[DATA FOR REVIEW]
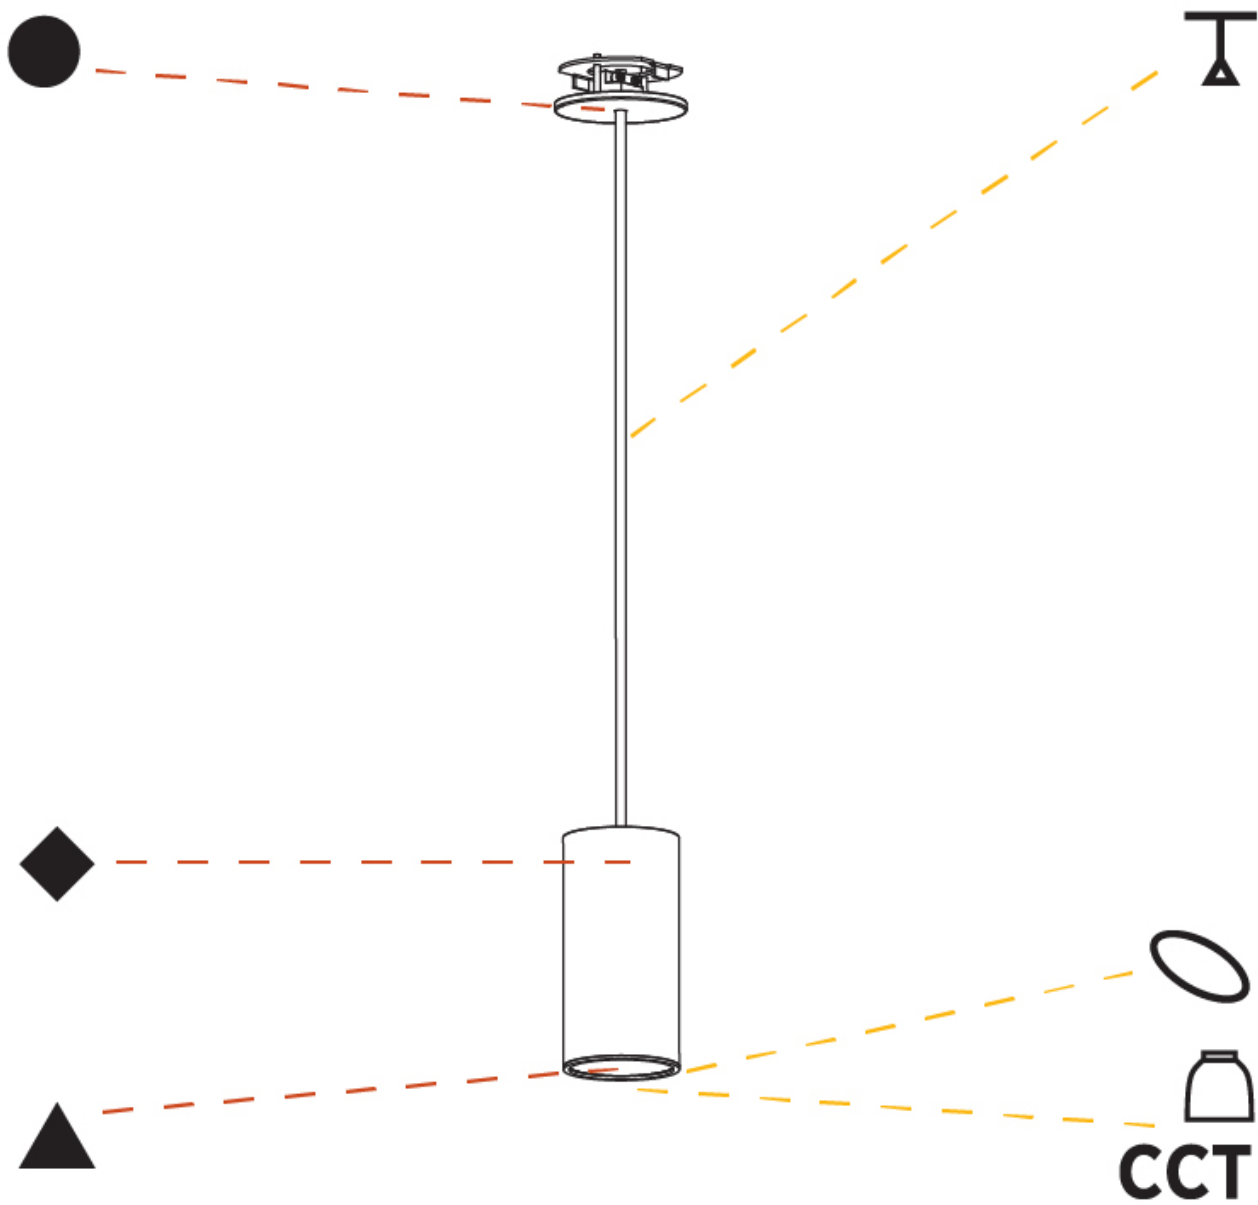

HANGOVER MONOPOINT RECESSED CANOPY SUSPENSION

A300156-

PROJECT
TYPE
SPECIFIER
QUANTITY
DATE

A
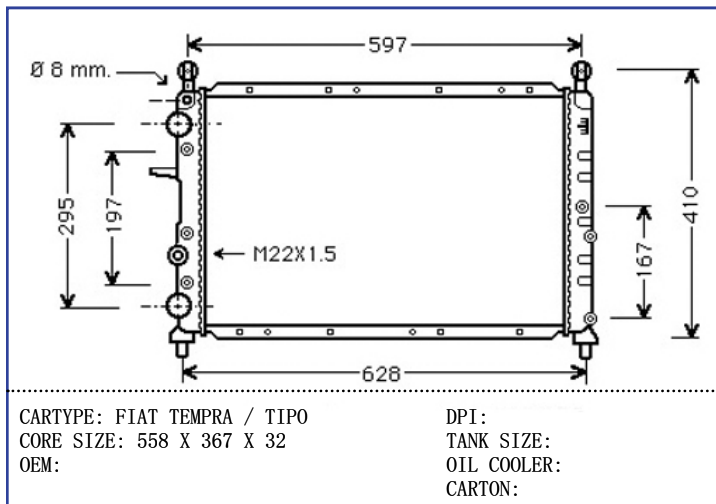

COD: 13740 RADIADOR FIAT TEMPRA / TIPO TUBO
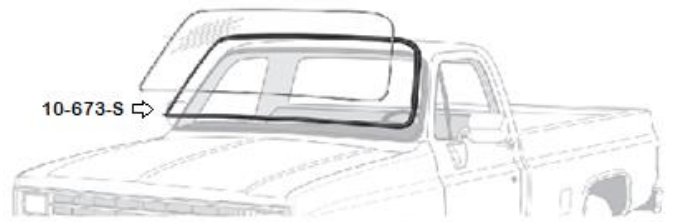

Front and rear seals are installed on the cab first then glass to go in after.

10-673-S	73-87 Windshield Seal - standard	$84.95
10-673-D	73-87 Windshield Seal - deluxe	$84.95
10-673-BL	73-87 Windshield Lock Strip - black	$15.95
10-673-CH	73-87 Windshield Lock Strip - w/ jointer, chrome	$22.95
10-673-C	73-87 Lock Strip Corner - chrome, each	$3.95
10-673-CJ	73-87 Windshield Lock Strip Jointer - chrome, each	$3.95

REAR GLASS (Pick-up)

10-673-RS	73-87 Rear Window Seal - standard, self locking	$84.95
10-673-RD	73-87 Rear Window Seal - accepts lock insert	$84.95

DOOR SEALS

11-6411	73-91 Door Bumpers - set, (pick-up, blazer, suburban)	$3.00
11-602	73-91 Door Seals - pair, <i>- (pick-up, 76-91 blazer, suburban + sub rear side & crew)</i>	$114.95

11-6TDS-K	73-91 Upper Door Seal Kit - pair <i>- seal mounts on the upper part of the door with weatherstrip adhesive glue</i>	$69.95
11-6TDS-R	73-77 Upper Door Seal - OE style w/ molded ends - right	$21.95
11-6TDS-L	73-77 Upper Door Seal - OE style w/ molded ends - left	$21.95

DOOR GLASS CHANNEL RUNS

11-604	73-80 Vent Window Vertical - at door glass, left or right, each <i>- the glass run channel presses into the vertical division bar channel.</i>	$9.95
11-605-73	73-80 Door Glass Channel Runs - w/ vent verticals, pair	$89.95
11-605-81	81-91 Door Glass Channel Runs - w/ vent verticals, pair	$89.95

10-673-S
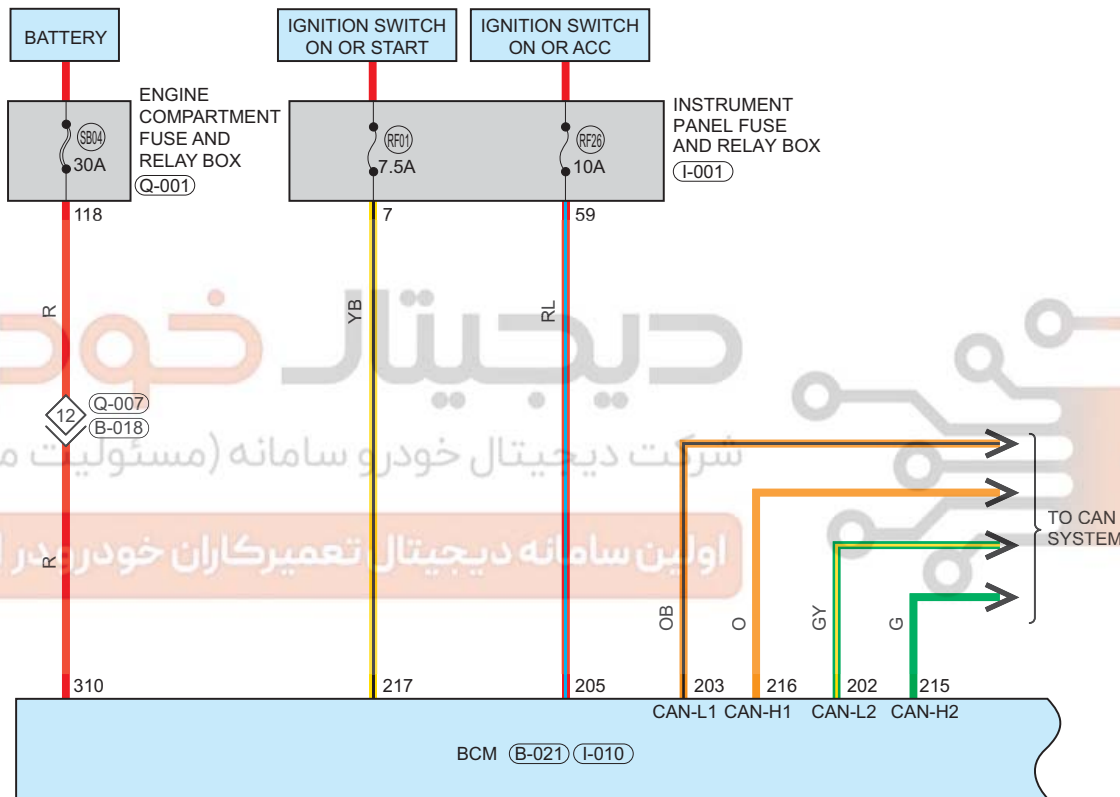

# Door Lock

Circuit Diagram (Page 1 of 4)

09

**Parts Location**

Connector Code	See Page	Connector Code	See Page	Connector Code	See Page
Q-001	08-6	I-001	08-12	I-010	08-12
B-021	08-16				

**Fuse and Relay**

Fuse/Relay	See Page	Fuse and Relay Box
SB04	06-2	Engine Compartment Fuse and Relay Box
RF01	06-8	Instrument Panel Fuse and Relay Box
RF26	06-8	Instrument Panel Fuse and Relay Box

**Location of Junction Connector**
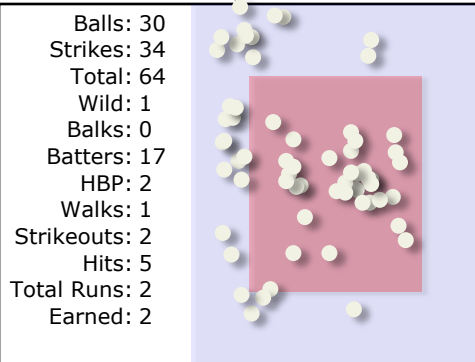

Team:		Runs:		Hits:		Details:		Notes:						
Outlaws Baseball		12		11		Location: Weather: Condition:								
#	Player	Pos	Inn	1	2	3	4	5	5	6	7	8	9	
5	Cooper Renteria	4	1	L3 ①		P5 ①		AB2_SB2		F4 ②				
"	"	8	5	L 2 3 1 4		P 1 3 2 4	BB 2 1 3 4	AB4_L 1B		F 1				
27	Chris Clegg	9	1	4-3 ②		AB3_WP3		P6 ②						
"	"	4	5	G 1 2		AB3_G 1B 2 4 1 3 5	P 1	AB4_OT2						
3	Josh Congress	3	1					F8 ③						
"	"	1	3	AB4 BB 3 5 1 2 4		TO9-1-6 1B 1 2 3 4	F 1	AB5_AB4 C9 BB 3 AB6 1 2 4						
33	Jack Heringer	5	1											
"	"	3	6	HBP 2 1		SB5 1B G 1		3B SB5_F 1 2 3		AB6_AB5 AB7_HBP				
77	Osayi O	6	1	F9 ③										
"	"	7	6	F 1 2		X 4 5 1 2 3		PB6_SB6 AB7_BB 3 4 1 2 5		AB7_AB6 BB 1 2 3 4				
23	Breyton Borja	8	1			5-3 ①								
"	"	3	3					X ①						
"	"	1	6					AB7_AB7 HBP 1 2 3 AB8 1 2 3		AB7 G 1				
99	Chris P	2	1			1-3 ②								
"	"	6	6					AB9_SB8 1B AB10_G 3 4 1 2		AB8_SB8 1B TO2_G 2 3 1		BB 1 2 3		
57	Jeremy Jones	7	1											
"	"	2	5			AB9 1B L 1 2		AB10_AB9 BB 1 2 3 AB1 1 2 3		AB10_E2 FC AB10_G 1		K 1 3 2 4		
18	Chance LaChapelle	1	1											
"	"	8	3					AB1_AB10 E5 G 1		AB10_AB10 BB 1 2 3 AB1 1 2 3				
"	"	9	5			HBP 1 2								
77	Elias	DH	1			1-3 ③								
"	"	7	5					AB1 BB 2 5 1 3 4		AB1_OT10 1B TO1-4-5-1-2				
"	"	5	6											
				R/H	0/0	0/1	1/3	2/1	9/5		0/1	0/0	0/0	0/0
				K/BB	0/1	0/0	1/0	1/3	1/5		0/0	0/0	0/0	0/0

Green - 3.33 innings

Brown K - 0.67 innings

B - 0.67 innings

L - 1.33 innings

Chance LaChapelle - 2.00 innings

Josh Congress - 3.00 innings

Breyton Borja - 1.00 innings
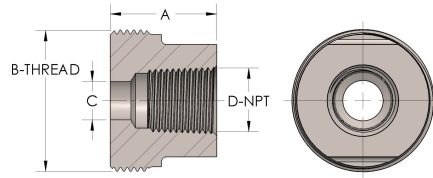

Product Category

53T-6-M

Part Description

Female Pipe Thread

DIMENSIONS

A	1.690
B-THREAD	2.750" - 12UN
C	1.19
D-THREAD	1.250" - 11.5

GENERAL

Pressure Rating	6000 PSI
Threadpiece Material	Monel®, ASTM B164, UNS N04405
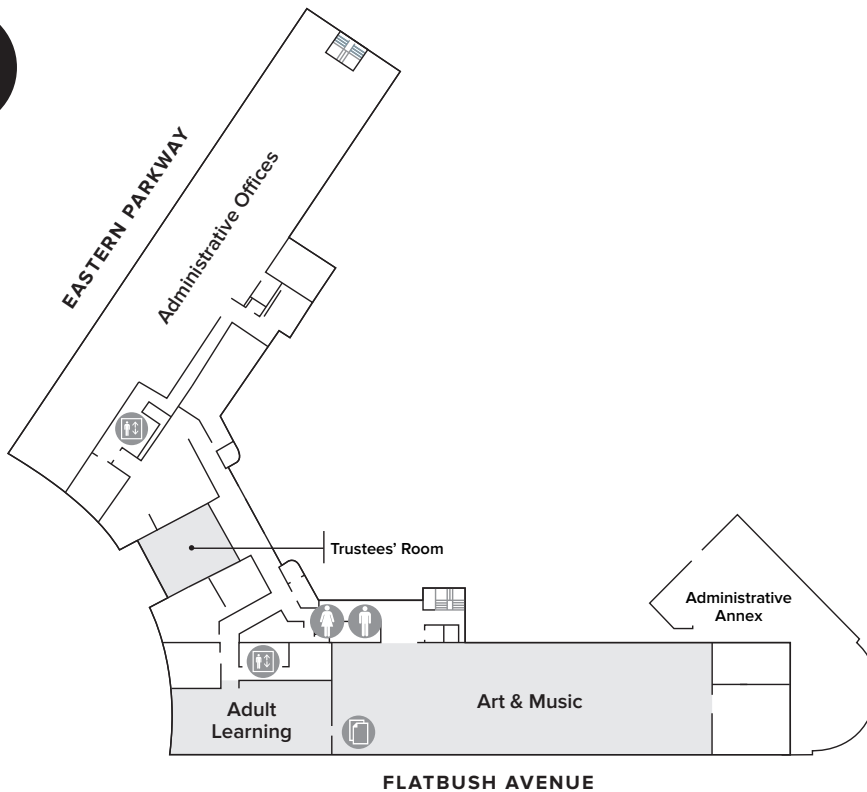

Business & Career Center
Small business, career planning, test prep, personal finance

History, Biography & Religion
200s, 900s, Biographies

Society, Sciences & Technology
000s, 100s, 300s, 500s and 600s

3
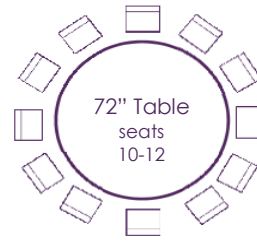

## TEXTURED

Faux Burlap/ Hemstitch/ Jute/  
Organic/ Panama/ Prairie

96" Round	\$27.95
108" Round	\$30.95
120" Round	\$34.95
132" Round	\$44.95
60" x 120"	\$25.95
72" x 72"	\$24.95
84" x 84"	\$27.95
90" x 90"	\$29.95
90" x 132"	\$34.95
90" x 156"	\$39.95
102" x 156"	\$49.95
Runner	\$12.95
Napkin (10)	\$1.75 each

## SEATING CHART & LINEN SIZES

Lap Length Linen:  
108" round  
Floor Length Linen:  
132" round  
Topper: 90" x 90"

Lap Length Linen: 90"  
round  
Floor Length Linen:  
120" round  
Topper: 72" x 72"

Floor Length Linen:  
108" round
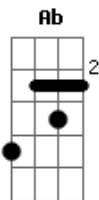

© ukulele-chords.com
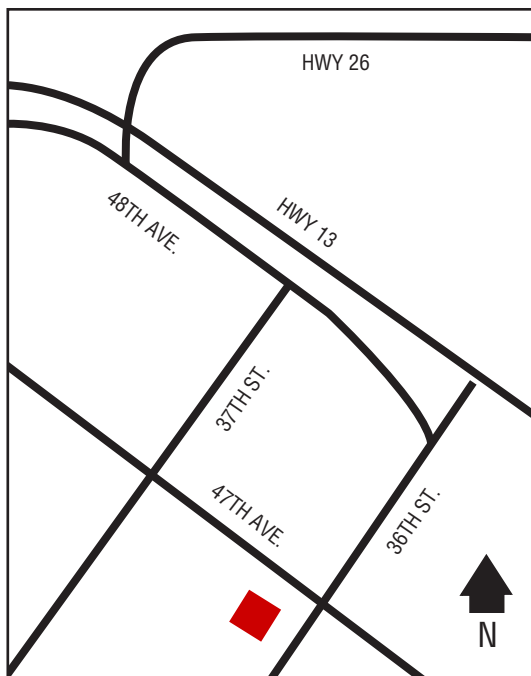

Camrose

53 00 44.06N
112 47 51.66W

Wild Rose Co-operative Association Ltd.

3611 - 47th Avenue
1-877-385-3805

Next Cardlock Locations (km)

E - Killam.....	70
S - Stettler	82
W - Wetaskiwin.....	42
NW - Leduc.....	73

AB

D, MD, R MR, S, RR, ST, DEF
Sani Dump and Free Wifi Available
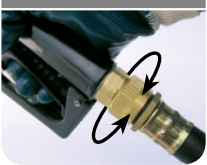

SELF 3000 DIESEL/GASOLINE

PLASTIC NOZZLE-S WATER/DIESEL

PLASTIC NOZZLE WATER/FOOD

FEATURES

Swivel

Not included in the Plastic nozzle model

AdBlue® NOZZLE (available)

PRODUCTS' RANGE TECHNICAL DATA

Code with swivel	Description	Fluid type	Flow-rate		Inlet		Spout ext. Ø mm
			l/min	gpm	swivel	Ø	
F00641130	* Self 2000 1"	B D G O	120	32	female	1" BSP	25
F0065000A	* Self 3000 1"	B D G O	150	40	female	1" BSP	25
00065001A	* Self 3000 1" unleaded spout	B D G O	150	40	female	1" BSP	20
F0063001A	Plastic nozzle 1" (water/food version)	B D G O W	80	21	NO (Hose tail)	Ø 25 mm	34
F0063000A	Plastic nozzle-S 1" Black	B D G O W	80	21	female	1" BSP	34
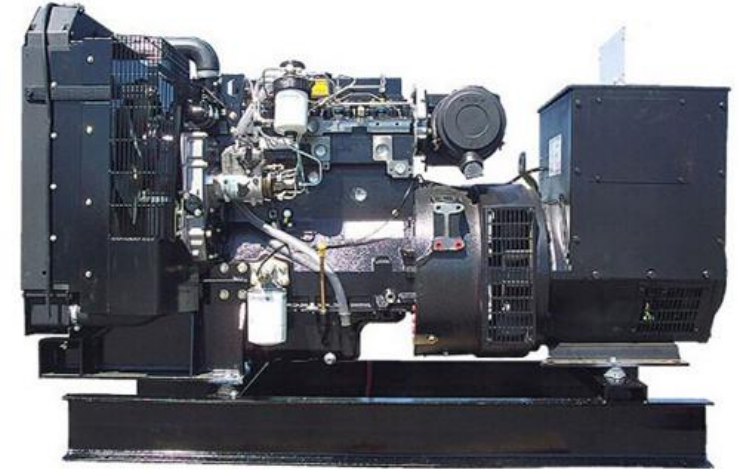

Datasheet

HPM500 Perkins Diesel Power Generator (2506C-E15TAG1)

**360kW-450kVA
400kW-500kVA
50Hz**

Equipment

Engine and alternator mounted on same frame steel skid.
Build in damper for anti-vibration.
Compact design, easy to operate and maintain.
Perkins brand engine.
Top brand AC alternator.
Full range protections, alarms with auto shutdown features.
Comply with ISO8628 national standard and ISO9001 quality standard. Specially designed horizontal/vertical, engine driven/electrical radiator. Industrial, Residential silencers.
Catalytic converters.
Heat exchangers.
Special spark arrestor silencers.
Standard set for "CE" certification.
Sound & Weatherproof canopy optional.
Spring, seismic anti-vibration mounts.
Advanced facility for FAT.
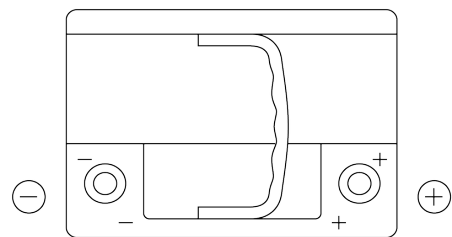

**Product overview**

Batteries for Cars

**Premium EA612**

Part number	EA612
Technology	Flooded
EAN/GTIN	3661024034272
Voltage	12 V
Capacity	61 Ah
CCA	600 A
Length	242 mm
Width	175 mm
Height	175 mm
Box size	LB2
Polarity	ETN 0
Terminal Type	EN taper post
Hold Down	B13
Weights (subject of variation)	14.00 kg

**Polarity**

**Terminal Type**

Positive Terminal

Negative Terminal

**Hold Down**

Design, features and specifications are subject to change without notice. We disclaim any representation or warranty, express or implied, concerning the data or recommendations, and in no event shall be liable for any loss or damage claimed to have arisen as a result. Some products may not be available in your local market.
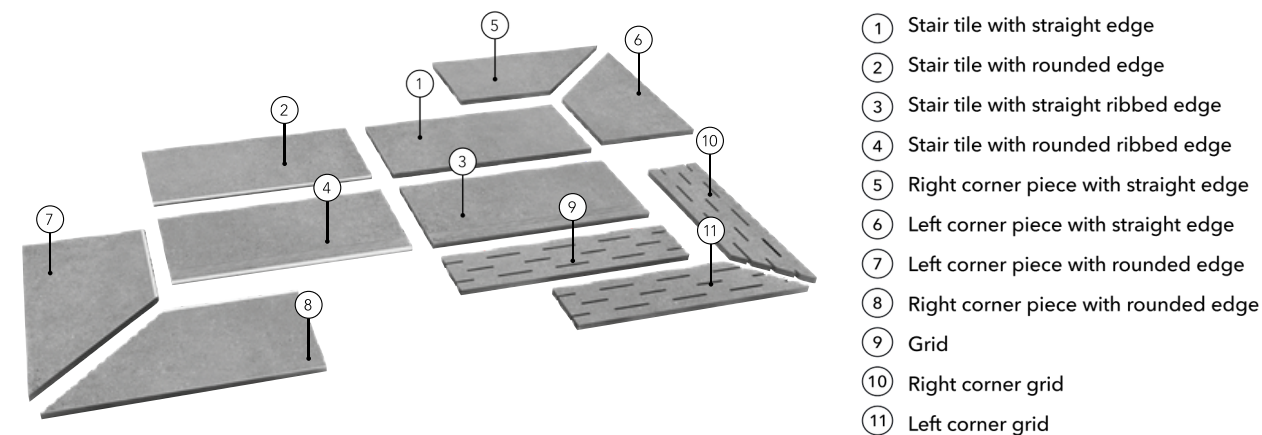

## SPECIAL ELEMENTS

In order to guarantee excellent aesthetics and functionality for the various possible applications, the 20mm outdoor porcelain

Our tile collections have a rich set of step elements and special pieces.
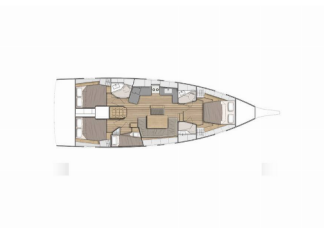

OCEANIS 46.1 FIRST LINE

Naima (2022)

Silver Sail Ltd • Kralja Zvonimira 14 • 21000 Split • Croatia

Phone: +385 99 2608 224

E-mail: info@silversail.hr

Web: www.silversail.hr

Yacht Base	Athens, Alimos Marina, Greece
Yacht ID	2315
Yacht Brands	Beneteau
Yacht Name	Naima
Production Year	2022
Length	48 Ft
Cabins	4
Berths	8 + 2
Persons	10
WC/Shower	2

COMFORT: Bed linen, Cockpit cushions

DECK: Bimini top, Dinghy, Electric anchor windlass, Gangway, Outboard engine, Sprayhood, Teak deck

ENTERTAINMENT: Fusion radio, Indoor speakers, Outdoor speakers

GALLEY: Coffee machine, Hot water, Refrigerator

INTERIOR: Convertible table in salon, Electric fans

NAVIGATION: Autopilot, Bow thruster, GPS chart plotter - cockpit

SAFETY: VHF radio

SAILS: Electric winch

YACHT ELECTRICS: Air Conditioning, Generator, Inverter, Solar panels, USB sockets

[WORK TO COMPLETE] Find each line of the data above that holds the word "have", then copy it.

[EXERCISE RESPONSE]
Design, features and specifications are subject to change without notice. We disclaim any representation or warranty, express or implied, concerning the data or recommendations, and in no event shall be liable for any loss or damage claimed to have arisen as a result. Some products may not be available in your local market.
Our tile collections have a rich set of step elements and special pieces.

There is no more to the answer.